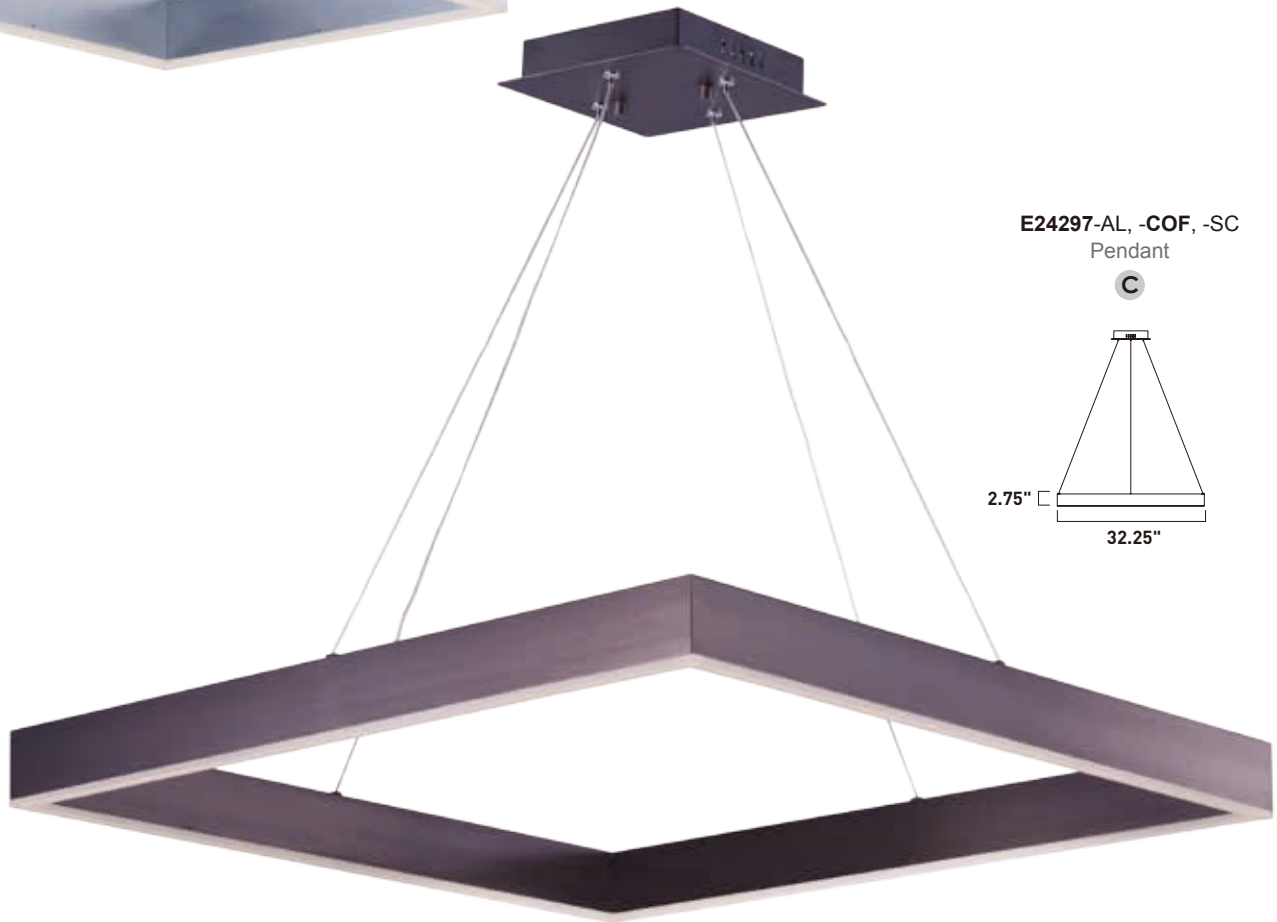

METALLIKA

- Extruded aluminum frame
- Available in three metallic finishes: Brushed Copper, Coffee, and Brushed Aluminum
- 3000K Color Temperature, CRI 80+
- Dimmable with Triac Dimmer

E24295-AL, -COF, -SC
Pendant

ITEM #	FINISH	LAMPING	DIMENSION	CRI	LUMENS	Additional Information
A	E24296 AL, COF, SC	64.8W LED 3000K (Integrated)	24.5"W x 2.75"H x 126.5"OAH	80+	4536	
B	E24295 AL, COF, SC	43.2W LED 3000K (Integrated)	16.5"W x 2.75"H x 126.5"OAH	80+	3024	
C	E24297 AL, COF, SC	86.4W LED 3000K (Integrated)	32.25"W x 2.75"H x 126.5"OAH	80+	6048	

Finish options: Brushed Aluminum (AL) Coffee (COF) Brushed Copper (SC)
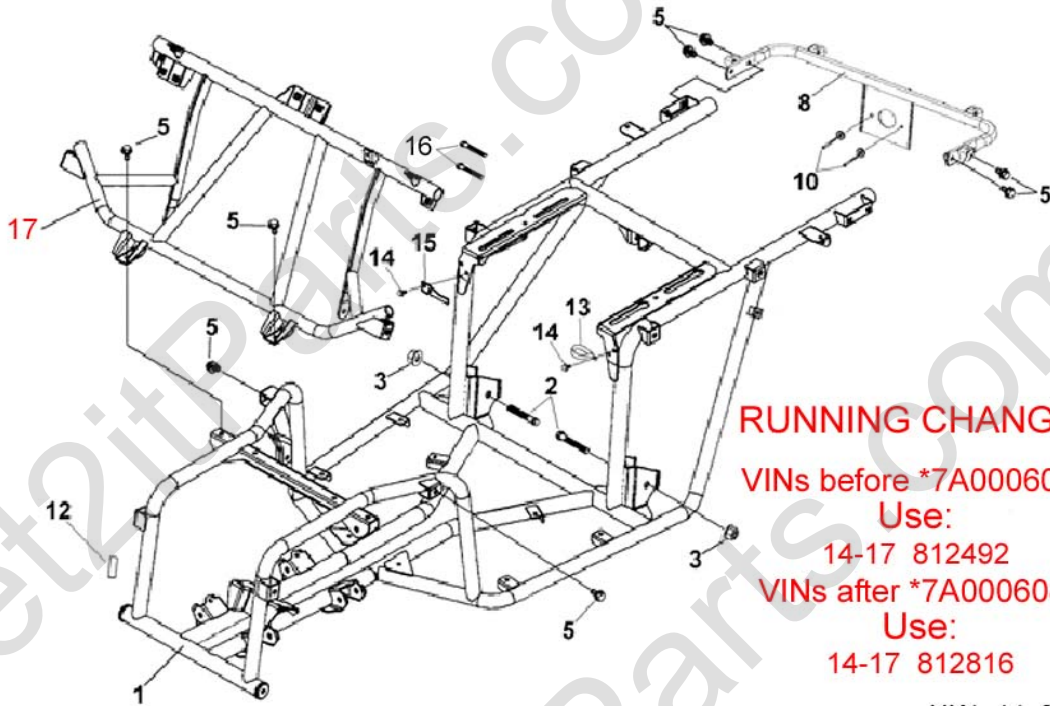

14. Frame

RUNNING CHANGE
VINs before *7A000608
Use:
14-17 812492
VINs after *7A000608
Use:
14-17 812816

UK1_14_07

Fig Ref	Item No.	Description	Qty Req
14-1	812490	Frame	1
14-2	812491	Flange Bolt (M12x75)	2
14-3	750370	Locking Flange Nut (M12x22)	2
14-5	650294	Flange Bolt (M8 X 16)	8
14-8	812493	Rear Grab Bar	1
14-10	750294	Bolt & Washer (M5x15)	2
14-12	812404	Emission Control Label	1
14-13	812403	CVT Inlet Hose Clamp	1
14-14	650271	Flange Bolt (M6 X 12)	2
14-15	812497	Gas Waste Recovery Holder	1
14-16	812223	Flange Bolt (M6x55)	2
VRC	999014	** NOTE units with VIN BEFORE 7A000608	0
14-17	812492	Speedometer Bracket	1
VRC	999015	** NOTE units with VIN AFTER 7A000608	0
14-17	812816	Speedometer Housing	1
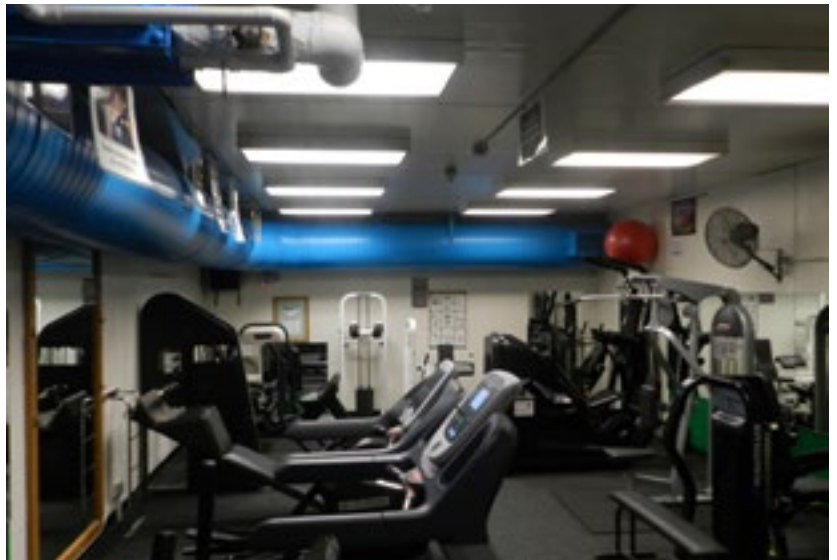

Welcome to the City of Kent Parks,
Recreation & Community Services!

Weight Room

Features:

Dimensions: 36'x 18' (648 square footage)

Room Capacity: 15

Pass is unlimited for $12.50 for 30 days or you
candrop in for $2.00

Senior rates (55 and older) – pass is unlimited for
$6.25 for 30 days or you can drop in for $1.00

Amenities: Nautilus machines for complete workout
including treadmills, ellipticals, exercises bikes, and
dip/chin/stomach machine.

JKKWT2013_4_15

For More Information

Please Contact:

Kent Commons at (253) 856-5000

or KentWA.gov/KentCommons
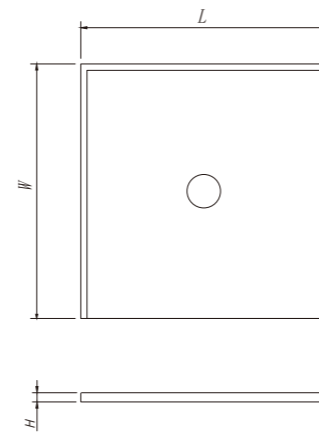

SHOWER TRAY

6032BL

Size(mm):1524*813*88mm
Material:Stone resin/Solid surface

SHOWER TRAY

6032BR

Size(mm):1524*813*88mm
Material:Stone resin/Solid surface

SHOWER TRAY

P2909009

Size(mm):900*900*90mm
Material:Acrylic/Solid surface

P2909010

Size(mm):1000*1000*90mm
Material:Acrylic/Solid surface

SHOWER TRAY

P1909011

Size(mm):900*900*65mm
Material:Acrylic/Solid surface

P1909012

Size(mm):1000*1000*65mm
Material:Acrylic/Solid surface

P1129013

Size(mm):1200*900*65mm
Material:Acrylic/Solid surface

P1149014

Size(mm):1400*900*65mm
Material:Acrylic/Solid surface

SHOWER TRAY

P2909007

Size(mm):900*900*90mm
Material:Acrylic/Solid surface

P2909008

——————

If a line of the listing above contains "Speedometer", pick it out and copy it.

14-17	812492	Speedometer Bracket	1
14-17	812816	Speedometer Housing	1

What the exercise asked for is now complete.